I immediately called Darren. I can’t remember what he said or thought he just listened to me ramble on. I’m sure Darren must have done his own research as I can honestly say I don’t remember Darren ever telling me my fears were silly or wrong so at least we have been on the same page from the start. 

I have been through so many emotions since that day, anger, grief, guilt, fear the list goes on and on which I know its all part of the acceptance process. 

Autism isn’t Ethan, autism is just part of Ethan’s personality. He is an amazing little boy with a fantastic nature and I wouldn’t change him for the world…

*PLEASE NOTE I use the world special as I hate using the term different or even not normal as in every mothers eyes their child will always be perfect is just with autism they learn differently. Ethan will always be my special little boy.

2 thoughts on “The Realisation That Our Son Is Autistic”

  1. I know what you mean about the health visitors. They are so overworked and pushed and every issue you raise they dismiss and make you feel like you are being stupid. Maybe I just had bad experiences, but we had to go around them straight to hospitals and doctors and our silly new baby worries turned out to be extremely serious real issues.

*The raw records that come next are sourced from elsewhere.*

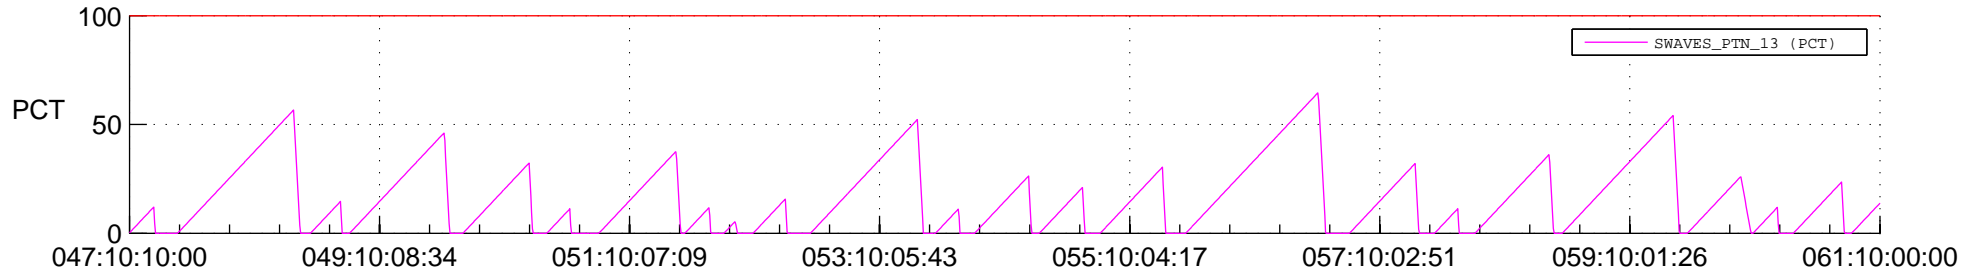

STEREO AHEAD SSR PCT Full Prediction

SWAVES_Percent_Full_Prediction

IMPACT_Percent_Full_Prediction

PLASTIC_Percent_Full_Prediction

Spacecraft_DownLink_Rate
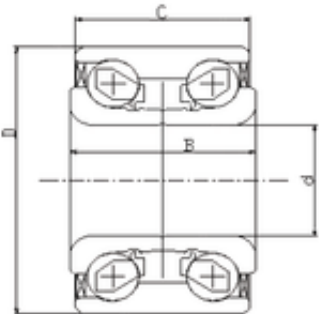

Bearing No. IJ231002

D	53 mm
d	27 mm
B	43 mm
C	43 mm
Size (mm)	27x53x43
Width (mm)	43
Bearing number	IJ231002
Bore Diameter (mm)	27
Outer Diameter (mm)	53
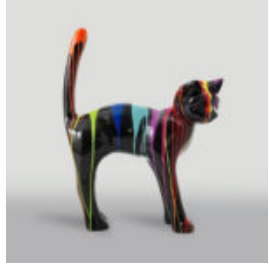

CAT DECORATION FIBERGLASS SCULPTURE - MIDDLE SIZE

Article number:
C094M

Description:
Middle size cat sculpture.

...
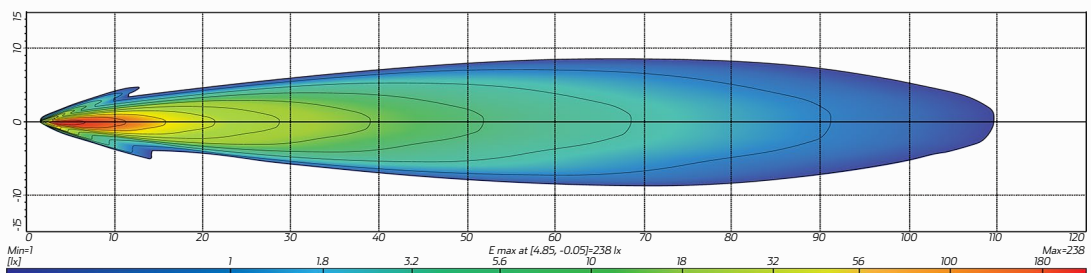

27W High Powered Square LED Worklight With Handle - Euro Beam

#QV9L28HE

www.qvee.com.au

DESCRIPTION

The QVEE 27W high powered square LED worklight has 9 x 3W high powered CREE LED's, putting out a massive 2,700 lumens.

EURO

BEAM COVERAGE

TECHNICAL SPECIFICATIONS

Voltage	• 9 - 32 Volt / 27W
IP Rating	• IP68 Rated
Lumens	• Raw: 2,700lm / Effective: 2,000lm
LED Count	• 9 x 3W High Powered CREE LED's
Lens	• Polycarbonate Lens
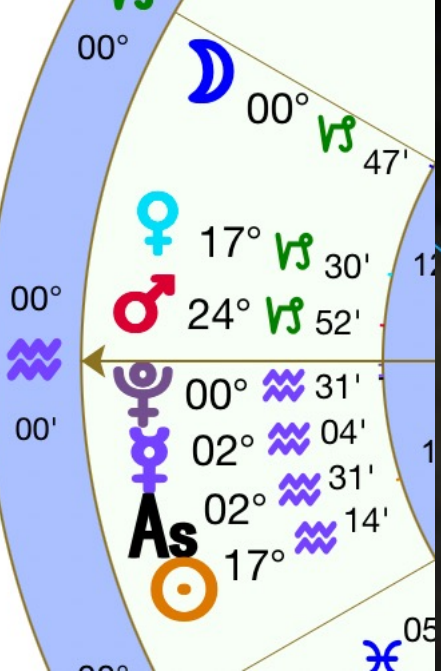

Q & A followed by Connection Groups

Imbolc Cross Quarter — Feb 4  
Sun 15° Aquarius

Feb 06, 2024  
6:30 am

Feb 07, 2024  
6:30 am

Feb 08, 2024  
7:15 am

# The Aquarius Perigee (Super) New Moon Begins the Year of the Dragon

    1. Jane - Our Little Escapades

      I hope your baby is OK and you are getting the help you need now. I’m glad it’s not just me that feels this way, I’m sure it is down to the pressure they are under and cuts in services don’t help! With my daughter I have told the health visitors I had bad experiences with them in the past but they still now don’t have answers to my questions about her. It feels as if people don’t want to commit to anything, and that’s not what you need!